The nonparametric Mann-Whitney U test was used to analyze differences in the gene expression in skin obtained from patients with cutaneous LE versus skin obtained from healthy individuals. The nonparametric Kruskal-Wallis test for multiple independent samples was used to determine whether genes were specifically overexpressed in skin from patients with cutaneous LE compared with skin from healthy individuals or skin from patients with atopic dermatitis or psoriasis. P values less than 0.05 were considered significant. All statistical analyses were performed with SPSS for Windows (version 11.0, 2000; SPSS, Chicago, IL).

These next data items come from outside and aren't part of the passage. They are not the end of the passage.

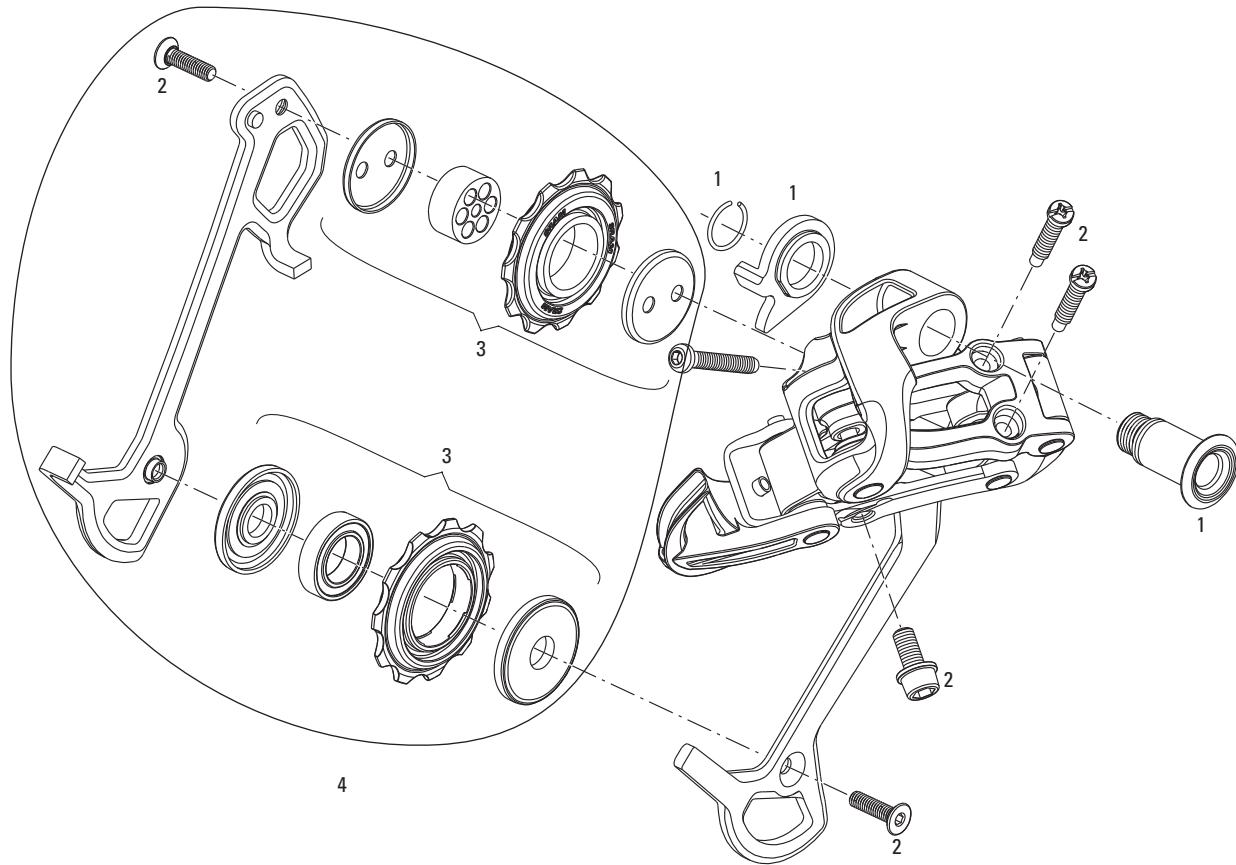

X-7 (2007-2008) - SCHALTWERKE
X-7 (2007-2008) - REAR DERAILLEUR

No.	Part Number	Description	Bezeichnung
1	00.0000.200.898	06-08 X7/X9/DD27 RD Hanger Bolt	06-08 X7/X9/Dual Drive27 RD Schaltwerkbefestigung
2	00.0000.200.900	06-08 X7/DD27, 04-05 X7/X9/DD27/9/7/5 RD Screw/Bolt Kit	06-08 X7/Dual Drive27, 04-05 X7/X9/Dual Drive27/9/7/5 RD Schraubenset
3	00.0000.200.618	04-08 X7/DD27, SX5, 08 X5 RD Pulley Kit Qty 2	04-08 X7/Dual Drive27, SX5, 08 X5 RD Spann- und Leitrollen-Set
3	00.0000.200.733	05-07 X0, 07-08 X9 Short Cage, 08 X7 Short Cage RD Pulley	05-07 X0, 07-08 X9 Short Cage, 08 X7 Spann- und Leitrollen-Set
4	11.7515.012.000	07-08 X9, 08 X7 RD Cage Assy Short Composite	07-08 X9, 08 X7 RD Zsb. Käfig, short
ns	11.7515.024.000	08 X7 RD Spare Parts Kit, Short Cage Composite, Qty 1	08 X7 RD Ersatzteilset Short-Käfig, 1 Stück

To identify differentially expressed genes, results of quantitative real-time PCR analyses in patients with cutaneous LE were compared with data obtained from healthy individuals, using centroid analysis. Analysis of shrunken centroids was performed as previously described (23). This method efficiently finds and ranks genes that can distinguish one class/disease from another. Therefore, the class centroids are shrunk toward the overall centroids after standardizing by the within-class standard deviation for each gene. This method of standardization has the effect of giving higher weight to genes whose expression is stable within samples of the same class/disease.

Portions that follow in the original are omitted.